I’m not here to argue that Skyrim is a “thinking man’s game”, but surely getting immersed in a world where dragons fly around and you can shoot lightning out of your hands requires one’s brain to be fully turned on? And wouldn’t it be much more appropriate to sell a game by emphasizing the immersive world instead of calling it a turn-your-brain-off experience? You get my point, dear reader.

I return to the comparisons for a moment and raise you this point. Not a single person before all of this would have ever argued that Skyrim is a game that requires you to turn your brain off; that Skyrim is a game where you don’t think anything through and just press the forward and attack buttons. It may very well be untrue, but that’s besides the point. The temporal aspect is really what’s important here. Now people are comparing it to The Witcher 3 which they consider to be a deeper game, a game with heavy themes that explores human psychology. Again, this doesn’t have to be true. But what happens is the brain contorts by some backwards logic and produces the following syllogism: The Witcher 3 is a deep game; Skyrim is not The Witcher 3; therefore Skyrim is not a deep game. The same thing occurs with the adjective “great.” The Witcher 3 is a great game; Skyrim is not The Witcher 3; therefore Skyrim is not a great game.

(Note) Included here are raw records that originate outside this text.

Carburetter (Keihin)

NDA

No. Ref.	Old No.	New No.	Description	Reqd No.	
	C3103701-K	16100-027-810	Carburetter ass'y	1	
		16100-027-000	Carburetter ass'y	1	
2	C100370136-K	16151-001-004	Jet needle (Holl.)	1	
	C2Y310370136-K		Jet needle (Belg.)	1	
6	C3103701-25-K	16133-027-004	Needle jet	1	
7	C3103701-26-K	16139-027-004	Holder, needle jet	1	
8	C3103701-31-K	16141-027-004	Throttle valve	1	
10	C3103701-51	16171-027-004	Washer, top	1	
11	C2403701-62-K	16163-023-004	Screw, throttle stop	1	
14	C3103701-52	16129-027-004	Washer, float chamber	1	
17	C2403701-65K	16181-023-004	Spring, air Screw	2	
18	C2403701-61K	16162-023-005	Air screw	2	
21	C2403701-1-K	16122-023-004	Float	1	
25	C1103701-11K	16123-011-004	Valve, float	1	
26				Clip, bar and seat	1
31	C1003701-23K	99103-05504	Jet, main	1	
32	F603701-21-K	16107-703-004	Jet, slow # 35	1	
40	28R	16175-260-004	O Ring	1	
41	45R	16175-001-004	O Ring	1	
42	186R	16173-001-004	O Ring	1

You’ll notice that every time it’s brought up, people never talk about Skyrim as an internally consistent, coherent game. It is never argued now that Skyrim is shallow because of specific quests, or specific emotions conveyed, or specific experiences lived. Rather, Skyrim is shallower than The Witcher 3. Skyrim’s quests are less rewarding than The Witcher 3’s. Etc etc. The comparative is always used when talking of Skyrim; the comparison is always forced. And the superlative is always used when talking of The Witcher 3. It’s the best game ever made; it’s the greatest game ever to be made, I hear people say. When, really, calling it great is all you have to do.

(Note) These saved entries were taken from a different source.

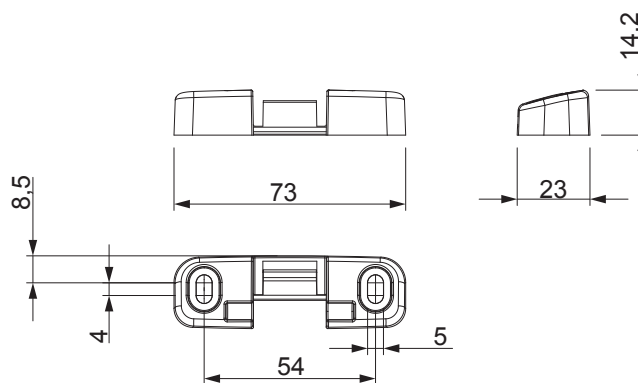

Stainless steel quick-fit fixing clip

05920

05921

05922

05923

05924

Item code	Description	notes	Material	supplied with VARIA TUBE	Compatible with	Base Raw	Anodised Elox	Painted	Trend/Gold Brass	Pieces per pack
05920	VARIA TUBE FRAME BRACKETS	Spare Part	steel	Yes	All Varia Tube Range articles			X		1
05921	VARIA TUBE BOTTOM-HUNG WINDOW BRACKETS		Zamak	No	All Varia Tube Range articles			X		1
05922	VARIA TUBE TOP-HUNG WINDOW BRACKET		Zamak	No	All Varia Tube Range articles			X		1
05923	VARIA TUBE HORIZONTAL CONNECTION TOP-HUNG WINDOW BRACKET		Zamak	No	All Varia Tube Range articles			X		1
05924	QUICK CONNECTION FOR VARIA TUBE	Spare Part	steel	Yes	All Varia Tube Range articles	X				1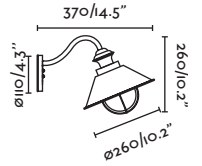

Nautica

71110 ● Rust Brown/Marrón Oxido

Material Body Steel/Acero
Diff Transparent Glass/Cristal Transparente

Light Source 1 E27 max. 15W

Bulb incl. No

Recom. Bulb 17463/17498 Smart Bulb

Class I

IP 33

Pole
472

Suspended
493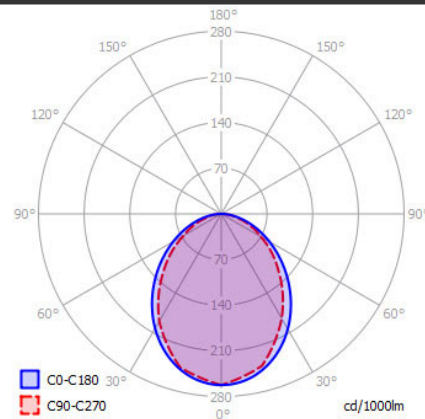

SILENCE

SPECIFICATIONS

MOUNTING		WALL
POWER	[W]	3
LAMP		built-in LED
LUMINOUS FLUX*	[lm]	270
LIGHT COLOUR	[K]	3000
CRI		>80
BEAM ANGLE	[°]	-
AVERAGE LIFETIME	[h]	L80/B50.000
LUMINOUS EFFICACY	[lm/W]	80
POWER SUPPLY	[V] [A]	220-240V AC 50/60 Hz
LED-DRIVER		INCLUDED
DIMMING		NO
THROUGH-WIRING		NO
MATERIAL		ALUMINUM
INGRESS PROTECTION		IP54
PROTECTION CLASS		I
NET WEIGHT	[kg]	0,48
GROSS WEIGHT	[kg]	0,50
COLOUR (HOUSING)		WHITE ~RAL9003
COLOUR (HOUSING)		BLACK ~RAL9005
COLOUR (HOUSING)		GREY ~RAL9006

LIGHT DISTRIBUTION

*Luminous flux values are nominal LED data at a operating temperature of 25° C

OPTIONS / OPTIONAL ACCESSORIES

Colours

MOUNTING DIMENSIONS (DRILLING TEMPLATE)

FIXTURE DIMENSIONS

The Witcher 3 is a great game. Skyrim is a great game. We judge these games not in comparison to each other, but by their own intentions and effects. Skyrim wants to make you feel lost in a dreamlike, expansive world and its success in doing so is why people love it. The Witcher 3 wants to make you care about its narrative and interpersonal relationship, and its success in doing so is why people love it. There are more reasons why these games are great and why people love them. And even if one were able to judge these two games completely objectively, even if one were to somehow determine that one is factually, objectively, measurable inferior to the other, that still wouldn’t reduce the status of one game to that of a bad game, or even merely a good game. Being great at something is judged by its own metric, not by the success of another piece of art, which then also requires judging by its own metric.

And a good thing, too. Otherwise—who knows?—The Witcher 3 may stop being the greatest game ever made in a few years and instead become merely good, or even—gasp—terrible, like Skyrim has now become.